Optimisations should not kept in a permanent long term branch
They can be developed in a branch, and then merged back into the release branch once complete, but it should always be possible to test both versions side-by-side and it should be possible to easily switch between optimised and unoptimised versions of any given algorithm, ideally at run time.
Full answer
Remember that there is more than one form of optimisation.
Algorithmic optimisation (replacing an O(n^2) algorithm with an O(n log n) algorithm for instance) almost always has the potential to provide more significant savings than implementation optimisation (hand unrolling a loop or ensuring your inner loops data fits in a certain level of cache).
Unfortunately, when people are thinking about optimisation, they tend to think more about implementation optimisation, which is about specialising software in such a way that it runs more efficiently on one architecture, possibly at the expense of execution speed on another architecture.
I have already answered many other aspects related to your question in my answer to the question How to document and teach others “optimized beyond recognition” computationally intensive code?
Essentially though, it boils down to the golden rules of optimisation:
The First Rule of Program Optimisation: Don't do it.
The Second Rule of Program Optimisation (for experts only!): Don't do it yet."
— Michael A. Jackson
In order to know whether now is the time to optimise requires benchmarking and testing. You need to know where your code is being inefficient, so that you can target your optimisations.

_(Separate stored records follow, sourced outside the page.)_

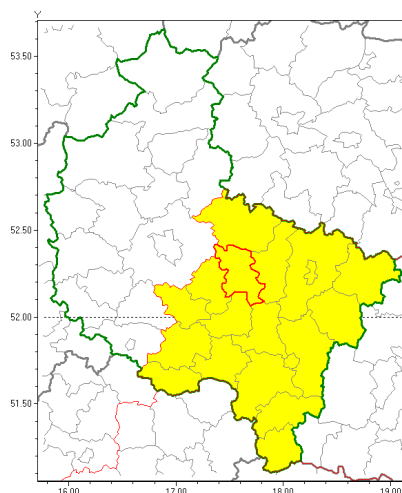

Zasięg ostrzeżenia w województwie

Burze z gradem

Ostrzeżenie meteorologiczne Nr 4

Nazwa biura	IMGW-PIB Biuro Prognoz Meteorologicznych Oddział w Poznaniu
Zjawisko/stopień zagrożenia	Burze z gradem/ 1
Obszar	województwo wielkopolskie powiat wrzesiński
Ważność	od godz. 12:00 dnia 26.06.2018 do godz. 21:00 dnia 26.06.2018
Przebieg	Prognozuje się wystąpienie burz z opadami deszczu do 30 mm, oraz porywami wiatru do 80 km/h. Miejscami możliwe liwy grad.
Prawdopodobieństwo wystąpienia zjawiska(%)	80%
Uwagi	Brak.
Dyrektor synoptyk IMGW-PIB	Marek Pruchniewicz
Godzina i data wydania	godz. 09:07 dnia 26.06.2018
SMS	IMGW-PIB OSTRZEŻENIE: BURZE Z GRADEM/1 wielkopolskie/wrzesiński od 12:00/26.06 do 21:00/26.06.2018 deszcz 30 mm, porywy 80 km/h

In order to determine whether the optimised version of the code is actually better than the naive implementation at any given time, you need to benchmark them side-by-side with the same data.
Also, remember that just because a given implementation is more efficient on the current generation of CPU's, doesn't mean it will always be so. My answer to the question Is micro-optimisation important when coding? details an example from personal experience where an obsolete optimisation resulted in an order of magnitude slowdown.